Она загадала, чтобы это было навсегда. Чтобы они всегда были вместе. Они вместе повязали ленточки на самую крепкую ветку, переплели их, и он поцеловал ее, а потом сказал те самые слова: «Ты мое будущее». Она верила. Верила так сильно, что казалось, сама вселенная не посмеет разрушить это.
– На родину, наверное, едешь?
Аня вздрогнула, резко вырванная из плена памяти. Голос был мягким, немного хриплым. Она обернулась. В дверях купе стояла пожилая женщина-проводница. В ее глазах светилось доброе, понимающее любопытство.
– Как вы узнали? – удивилась Аня, смахивая с ресниц непрошеную слезу.
Женщина кивнула на окно, за которым плыла ночь.
– Да по тебе видно, милая. То улыбаешься, как на кого-то дорогого смотришь, то плачешь, сама того не замечая. А потом снова улыбаешься, но уже по-другому, горько так. Это по себе знаю. Только на родину так ездят. После долгой разлуки.
Аня глубоко вздохнула и откинулась на спинку сиденья, чувствуя, как каменная скорлупа, в которой она жила все эти годы, дает еще одну трещину.
– Да, вы правы. Меня не было там десять лет.
– Ох, десять лет… – проводница покачала головой. – Это много. Там теперь, наверное, все другим-другим покажется. И люди, и места. Но сердце-то свое не обманешь. Оно все помнит.
Она постучала кулаком по стене и двинулась дальше по коридору, оставив Аню наедине с ее мыслями.
– Сердце-то свое не обманешь. Оно все помнит.
Аня снова посмотрела в темное стекло, но теперь она видела в нем не свое отражение, а ту самую поляну. И две переплетенные ленточки, которые, наверное, давно истлели и улетели с ветром.
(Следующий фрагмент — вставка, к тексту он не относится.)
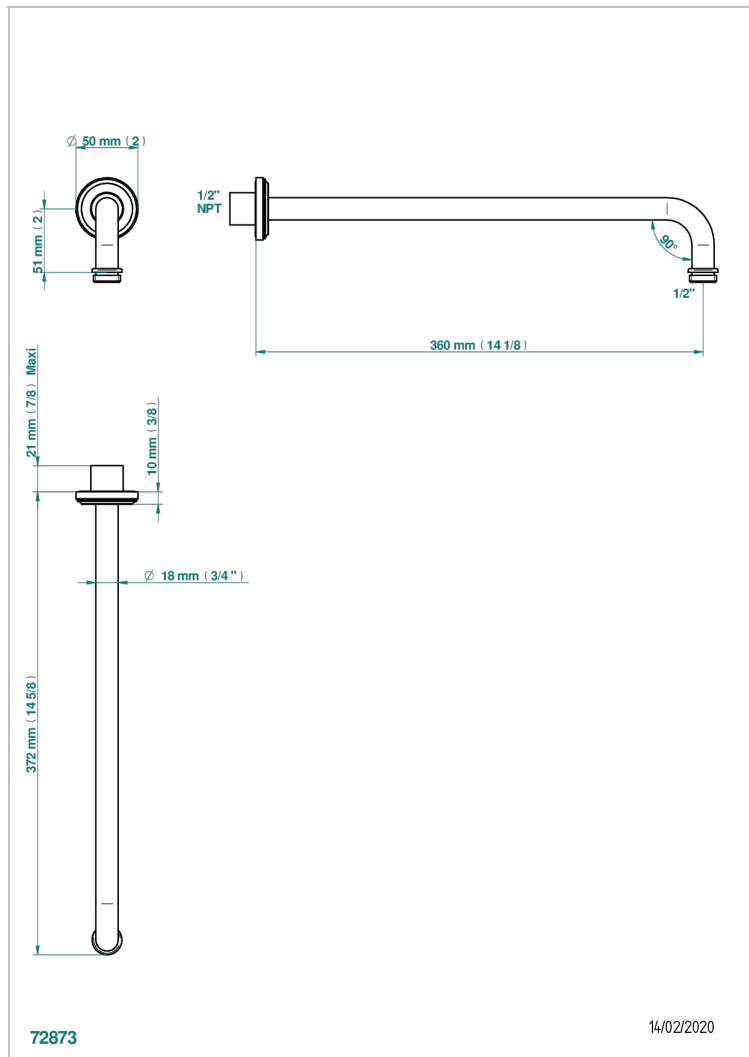

CORVAIR HOWLITE CON MANETAS

U8G-84BC/US

Horizontal shower arm, 90° bend, 13 3/4" long

THG[®]
PARIS

CARACTERÍSTICAS

- Corvair Howlite con manetas
- Horizontal shower arm, 90° bend, 13 3/4" long

ACABADOS DISPONIBLES

Bronce claro - D01
Cerámica negra mate - D30
Cromo - A02
Cromo mate - C02
Dorado - F01
Dorado mate - F07

Dorado pálido - F30
Dorado pálido mate (sin barniz) - F31
Níquel - B01
Níquel mate - C01
Pvd blush - H62
Pvd blush mate - H60

Pvd color latón - H49
Pvd color latón mate - H50
Pvd color níquel - H55
Pvd color níquel mate - H56
Pvd color oro - H52
Pvd color oro mate - H53

Pvd grafito - H64
Pvd grafito mate - H65
Pvd marrón bronce - F33
Pvd marrón bronce mate - F34
Pvd umber - H66
Pvd umber mate - H67

Как и ее обещание никогда не возвращаться. Поезд несся вперед, и с каждым ударом колес о рельсы чувство тревоги смешивалось с чем-то еще, с горьким, неумолимым любопытством. Что она найдет там, в конце этого пути? И что из того, что она когда-то оставила, еще осталось живым?
Глава третья
Поезд с глухим стуком замер у перрона. Путь, который десять лет назад казался ей бесконечным, теперь был пройден за одну ночь. Аня взяла свою дорогую кожаную сумку, единственное, что она успела схватить в панике и вышла из вагона. Воздух ударил в лицо, не московский, густой от выхлопов и центрального отопления, а прохладный, влажный, с отчетливым запахом реки и цветущих лип. Она замерла на мгновение, делая первый глоток воздуха родины. Он был таким знакомым, что у нее закружилась голова. Она медленно огляделась. Перрон… его расширили, сделали современнее, положили новую плитку. Но здание вокзала – старинное, из рыжего кирпича, с высокими арочными окнами – осталось точно таким же. Неизменным, как дремлющий страж у входа в ее прошлое.
– Надо же, – удивилась она. – И сам вокзал остался таким же».
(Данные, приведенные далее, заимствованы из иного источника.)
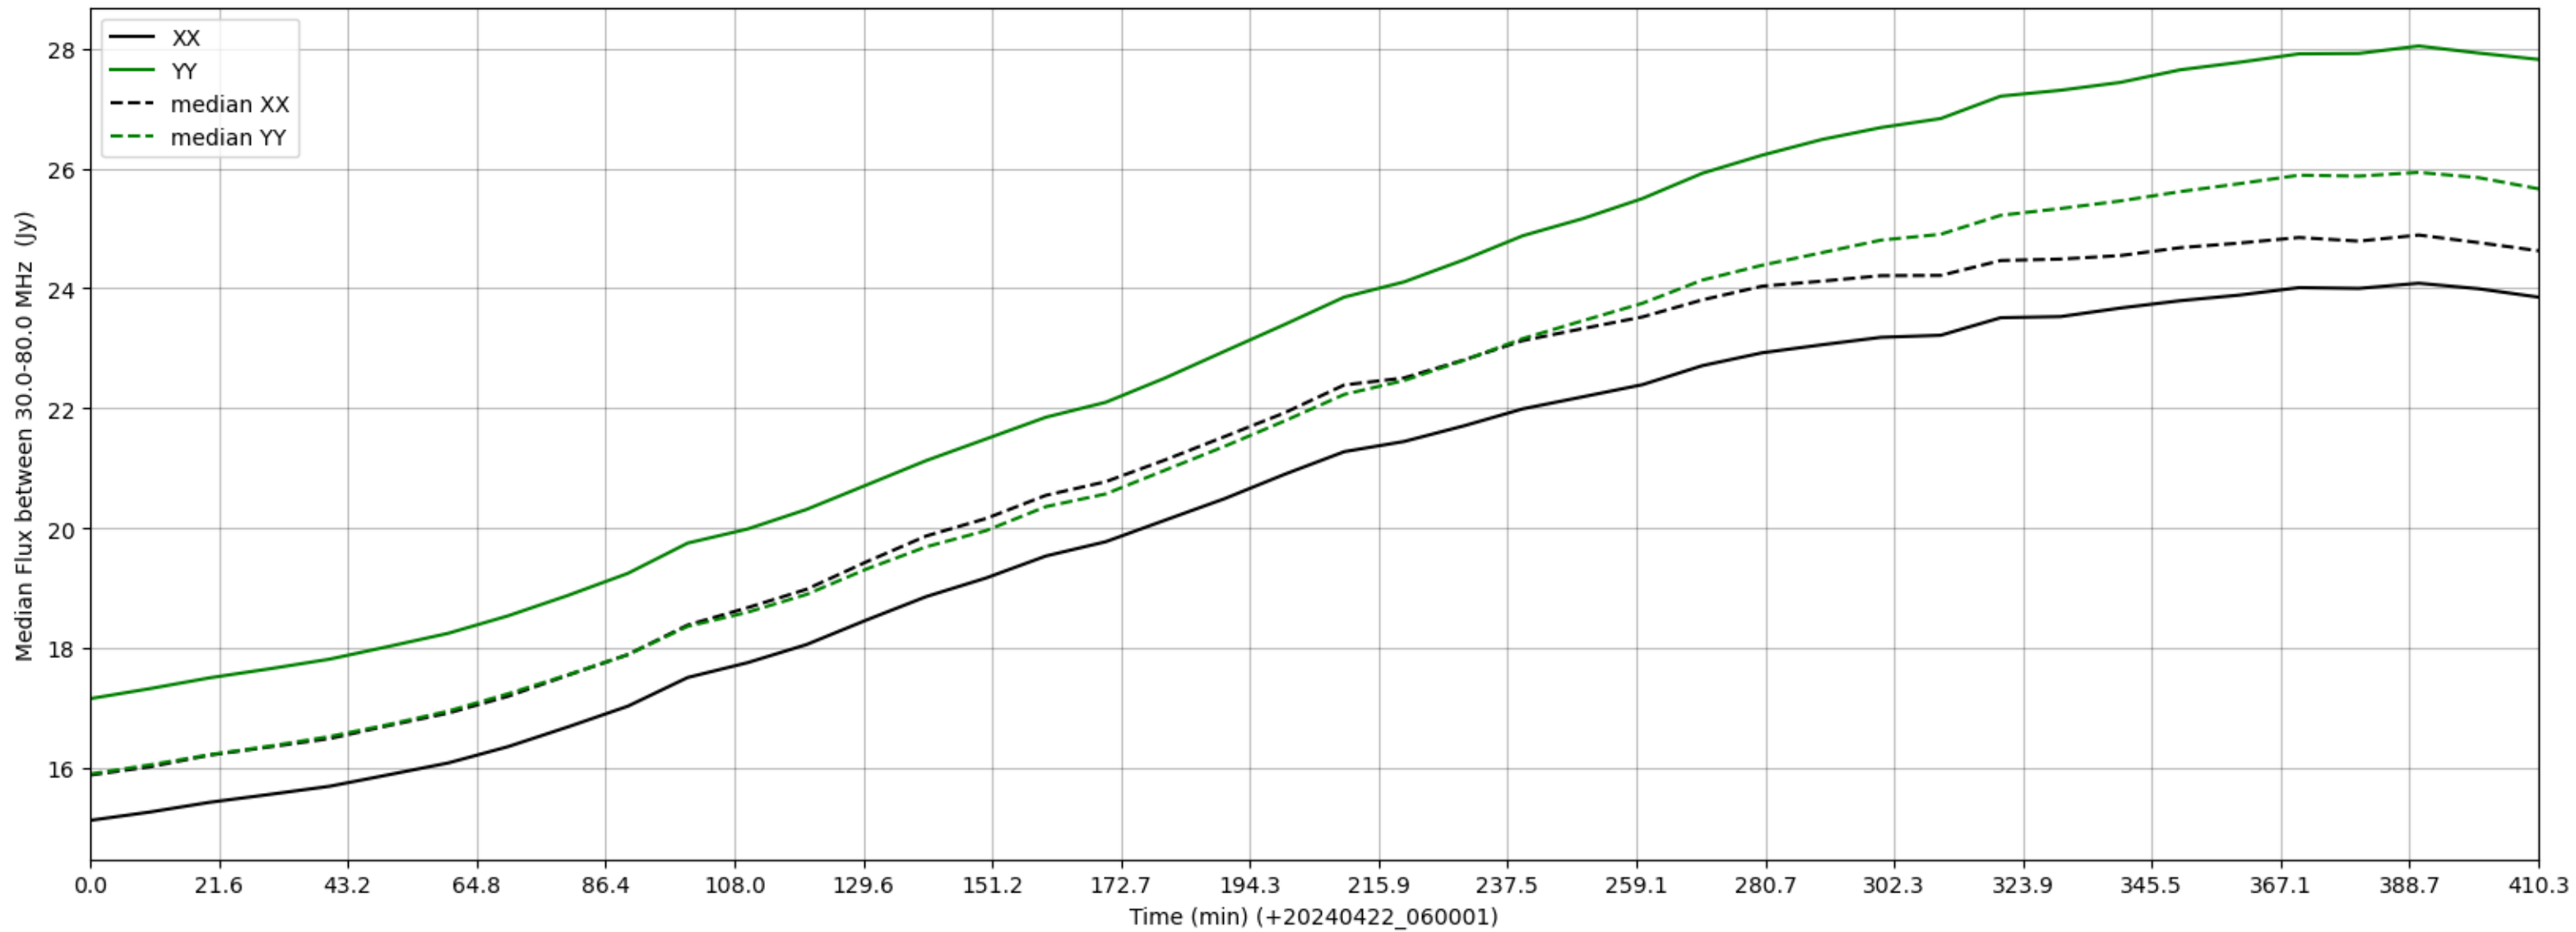

LWA117 - Correlator# 207 - XX FLAGS:Good - YY FLAGS:Good

LWA118 - Correlator# 206 - XX FLAGS:Good - YY FLAGS:Good

Она пошла к выходу неспешным шагом, чувствуя, как каблуки вязнут в щелях между плитками. Ее московская спешка куда-то испарилась, сменившись странной, тягучей нереальностью происходящего. Вышла на привокзальную площадь. Вечерний Озёрск зажигал огоньки. Не ослепительные неоновые рекламы, а скромные, теплые огни уличных фонарей и окон. Город казался меньше, тише. И от этого как-то уютнее.
– Девушка, такси! – донеслось сбоку.
К ней подкатила потрепанная иномарка. Из окна высунулось улыбающееся лицо мужчины лет сорока.
– На Калинина сколько?
– Садись, договоримся.
Аня машинально потянулась к ручке двери, но тут таксист прищурился, вглядываясь в ее лицо в свете фонаря. Его улыбка сменилась выражением крайнего удивления.
– Ань ,ты что ли?
Она нахмурилась, напрягая память. Лицо показалось смутно знакомым, но она не могла его опознать.
– Мы знакомы? – осторожно спросила она.
Таксист рассмеялся, но в его смехе была легкая обида.
– Забыла, да? И наверное, не вспомнишь. Василий я. Ну, Васька, который на районе велосипеды чинил! Помнишь, тебе папа новый, «Кама» купил? А ты в первый же день с горки на пузе съехала, колесо в «восьмерку» загнула! Я тебе его на раме выправлял, а спицы менял. Ты потом неделю мне шоколадки в благодарность носила!
Память с грохотом обрушилась на нее. Да! Васька! Вечно грязный, с разбитыми костяшками пальцев, волшебник, который мог починить все на свете. Он был на пару лет старше, и они все ему завидовали, потому что у него был собственный набор инструментов.